Prarop Plangngarn, Chief of “Operations Center 2” at Sirinath Marine National Park, on Phuket’s northwest coast, and Haritchai Rittichuay, Chief of the Khao Lampi – Hat Thai Mueang National Park, north of Phuket in Phang Nga province, along with other nature and environmental protection officers decided at a meeting last month to survey areas where the zones would be most appropriate – namely in the areas adjacent to the two national parks.
“Presently, there are only a few areas that are suitable for turtles to lay their eggs because of the continual expansion of human communities and the tourism industry,” Mr Prapop told The Phuket News.
“The turtles are afraid of humans on shore, so relevant officers must take action to change the environmental factors to help encourage turtles to come ashore to lay their eggs.

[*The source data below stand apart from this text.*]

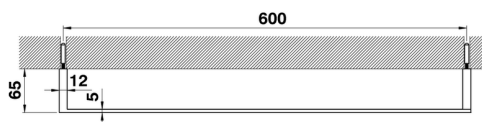

## Toallero ACCESORIOS BAÑO\_QU090106

MODELO **QU090106**

Toallero

ACABADOS DISPONIBLES

- 
**21** 21 Cromo
- 
**2B** 2B Niquel Brillo
- 
**2F** 2F Niquel Cepillado
- 
**2Q** 2Q Black Titanium
- 
**40** 40 Negro Mate
- 
**4Q** 4Q Blanco Mate
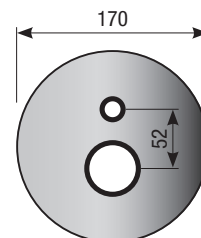

Art. 1193
Art. 1193GG
Art. 1193CA

“We need to create turtle protection areas, and we need to do it quickly. We will start surveying the areas to decide where the turtle protection zones should be by the end of this month,” he said.
In Phuket, the areas already under consideration include the beaches at Nai Yang as well as Mai Khao Beach – at 14 kilometres long, Phuket’s longest beach – all the way to Sai Kaew Beach on the northwestern tip of the island.
Mr Prarop explained that although Sirinath Marine National Park includes all these beaches, only at the southern end of the park does the park boundary include areas on shore.
All along Mai Khao Beach and Sai Kaew beach, the park includes the beach areas, but not the land immediately behind the sands, where many hotels, resorts, guesthouses and restaurants are built to offer scenic views to tourists.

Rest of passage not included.